I am writing this as a means to let out a bit and to voice how burnt out I am with work for the past couple of training sessions now. I don't know why anymore but I just want to be somewhere or do something that just taps into more of what I am really good at and with what I love doing. I feel so drained at the end of each day and am begging for the weekends. Don't get me wrong though, I feel fulfilled every time I get to see the smile on the people that I train and more so when I see that they are improving greatly on a daily basis. I love the fact that they get hired and have begun their new lives in the field that they have chosen. But, my brain, my being feels trapped like a bird trying to figure a way to spread my wings and test the sky. How can I do that when I feel like chains are strapped to my feet.

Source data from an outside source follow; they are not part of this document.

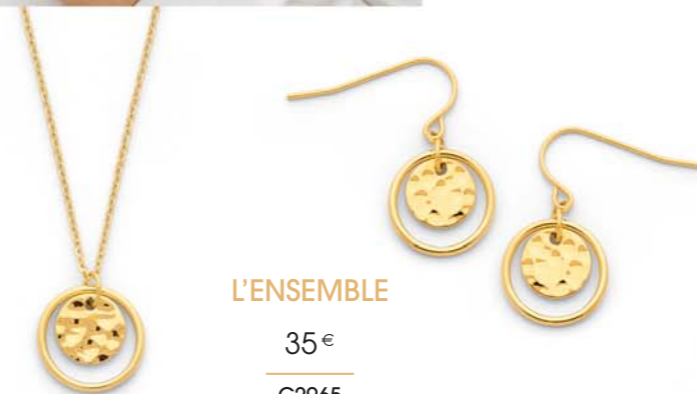

29,90 €

C2806

Collier acier doré, apatite,
réglable de 42 à 45 cm

28 €

A3699

Chevalière acier doré,
taille 52 à 64

26,90 €

B3093

Bracelet acier doré, apatite, réglable de 16 à 19 cm

25,90 €

D3805

Boucles d'oreilles
acier doré, apatite

28,90 €

D3743

Créoles acier doré,
apatite, Ø 35 mm

32,90 €

B3070

Bracelet triple acier doré, cristal,
miyuki, réglable de 16,5 à 19,5 cm

L'ENSEMBLE

35 €

C2965

Collier acier doré, réglable de 40 à 45 cm
+ Boucles d'oreilles acier doré

15,90 €

B2692

Manchette acier doré,
miyuki, Ø 60 mm

29,90 €

B2917

Bracelet acier doré,
réglable de 16 à 20 cm

21 €

C2955

Collier acier doré, verre nacré, réglable de 38 à 43 cm

28.90 €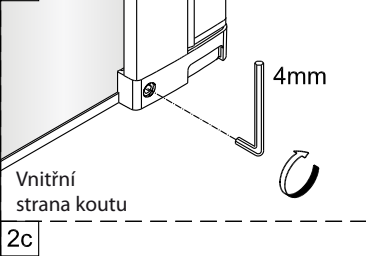

Ø6 mm

6

2

Poznámka:
Vnitřní strana koutu - easy clean

4

Instalační návod
Inštalacný návod
Mounting Instruction
Montageanleitung
Инструкция по установке

SIKOWIROZKS
SIKOWIROZ
SIKOWIROZC
SIKOWIROZCKS

1

RH

LH

2a

2b

2c

2

2d

2e

I don't feel inspired or motivated at work anymore. I know that people have to find motivation and drive from within, but I have been getting that from my reserves for quite a while now since there doesn't seem to be anything that is coming from the outside to replenish it. I normally have a very positive outlook on life but how can I continue to do that when the surroundings aren't conducive to provide the much needed emotional support that I so desperately need.

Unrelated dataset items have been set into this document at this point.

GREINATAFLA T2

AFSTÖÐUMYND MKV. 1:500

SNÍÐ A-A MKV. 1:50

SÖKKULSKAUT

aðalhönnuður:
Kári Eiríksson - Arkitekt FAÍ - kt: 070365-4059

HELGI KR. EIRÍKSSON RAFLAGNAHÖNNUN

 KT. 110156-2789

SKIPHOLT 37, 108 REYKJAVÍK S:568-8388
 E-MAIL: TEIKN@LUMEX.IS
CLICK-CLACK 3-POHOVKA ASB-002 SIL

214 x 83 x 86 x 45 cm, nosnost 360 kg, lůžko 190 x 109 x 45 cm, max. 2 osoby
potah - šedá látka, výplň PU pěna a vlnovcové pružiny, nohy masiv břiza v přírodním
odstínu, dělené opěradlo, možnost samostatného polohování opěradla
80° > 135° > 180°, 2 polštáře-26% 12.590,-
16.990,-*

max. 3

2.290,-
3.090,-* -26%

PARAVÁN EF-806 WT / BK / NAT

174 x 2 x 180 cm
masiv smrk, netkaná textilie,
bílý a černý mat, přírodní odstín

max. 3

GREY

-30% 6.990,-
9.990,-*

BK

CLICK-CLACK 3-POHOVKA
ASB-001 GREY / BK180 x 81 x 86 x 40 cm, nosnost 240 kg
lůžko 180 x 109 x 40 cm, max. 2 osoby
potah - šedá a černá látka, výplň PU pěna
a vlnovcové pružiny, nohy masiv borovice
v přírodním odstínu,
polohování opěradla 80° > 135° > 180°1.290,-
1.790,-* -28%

How much is it to ask for a pat on the back for a job well done. How much does it cost to show a bit of appreciation for working so hard and doing our best to hit the numbers. All I get are rules and regulations, that restrict and restrain. All I see are reprimands coming left and right. Where is the fun in the office that once had a lot of the Philosophy of FISH that made it prosper and bloom? It feels like a black hole has formed inside the office and it is sucking everyone dry. How long will it take for the right people to notice that there is a problem and that it is something that needs to be addressed. How can we voice our concerns out when all one can expect is a possible reprimand or worse nothing but a dead wall to talk to.
We preach customer service to the people we train, but inside the office I feel that customer service amongst ourselves does not exist. How can I continue to teach what we do not practice. How can I stand tall without a strong support.
I strongly believe that the company has the power to fix the problems that it is facing and these are easy things to fix. The issue is - when will someone take the time to listen and to finally do something that makes a difference? When will someone find the power to inspire us to be our best again? Who is going to spark the flames that once made the company great?
I am afraid that the answer to those questions is - I don't know.
Right now all I pray is for someone to help me dream big one last time.